*** SOURCE MATERIAL ***

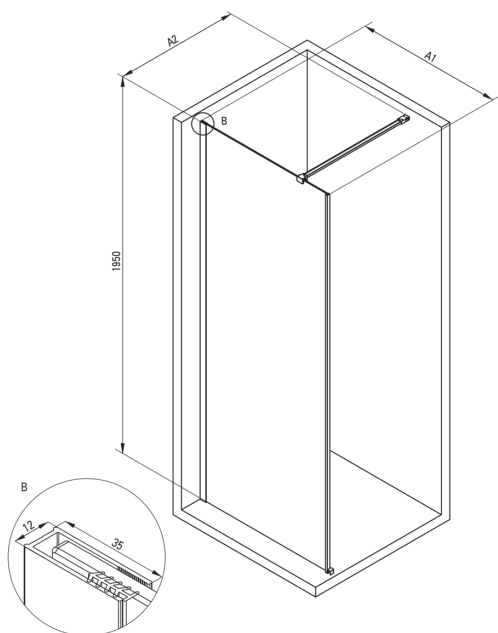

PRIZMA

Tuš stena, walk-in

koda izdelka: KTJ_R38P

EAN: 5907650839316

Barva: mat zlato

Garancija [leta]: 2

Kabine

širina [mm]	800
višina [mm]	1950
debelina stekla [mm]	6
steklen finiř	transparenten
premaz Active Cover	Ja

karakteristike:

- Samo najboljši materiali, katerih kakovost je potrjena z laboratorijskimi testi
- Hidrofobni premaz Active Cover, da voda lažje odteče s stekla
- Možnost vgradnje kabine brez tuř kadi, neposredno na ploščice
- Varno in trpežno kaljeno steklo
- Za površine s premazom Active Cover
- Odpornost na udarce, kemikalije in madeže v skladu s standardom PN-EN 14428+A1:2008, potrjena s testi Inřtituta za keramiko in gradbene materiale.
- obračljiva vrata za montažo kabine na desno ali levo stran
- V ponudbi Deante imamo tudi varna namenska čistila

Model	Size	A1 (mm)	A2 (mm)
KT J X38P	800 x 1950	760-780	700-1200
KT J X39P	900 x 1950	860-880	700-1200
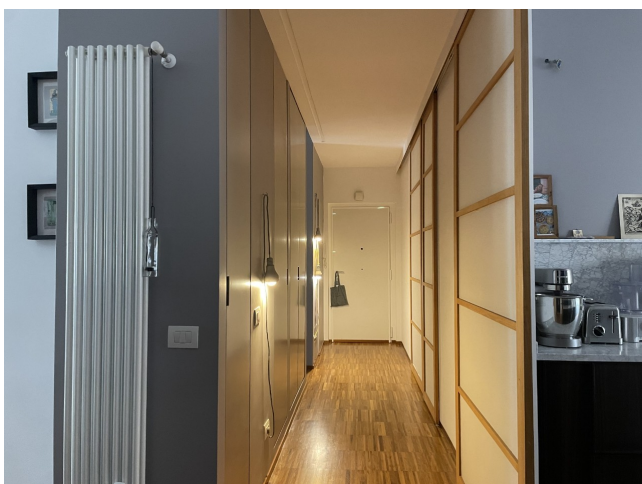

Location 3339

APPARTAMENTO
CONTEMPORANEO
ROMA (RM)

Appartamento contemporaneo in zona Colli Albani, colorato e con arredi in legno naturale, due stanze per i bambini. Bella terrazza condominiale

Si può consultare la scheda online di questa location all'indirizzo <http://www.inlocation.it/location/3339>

*** End of SOURCE MATERIAL ***
*** SOURCE MATERIAL ***

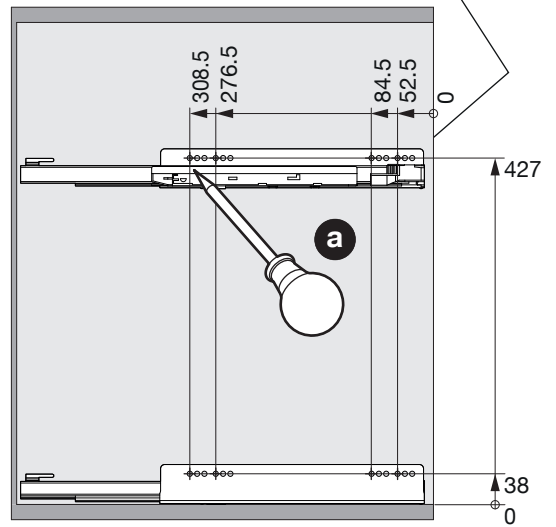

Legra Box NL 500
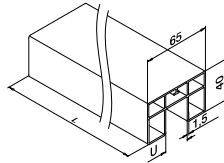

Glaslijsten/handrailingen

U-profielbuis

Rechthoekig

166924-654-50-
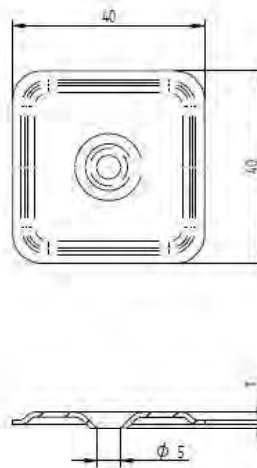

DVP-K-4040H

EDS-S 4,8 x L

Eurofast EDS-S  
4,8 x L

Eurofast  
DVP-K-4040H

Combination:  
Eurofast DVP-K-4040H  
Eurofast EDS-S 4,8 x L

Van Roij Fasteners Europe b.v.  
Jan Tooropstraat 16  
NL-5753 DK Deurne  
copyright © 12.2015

*** End of SOURCE MATERIAL ***

▶ _WHAT YOU WILL DO_
A single number is expected: how many lines in the records contain the string "stekla".

▶ _RESULT_
2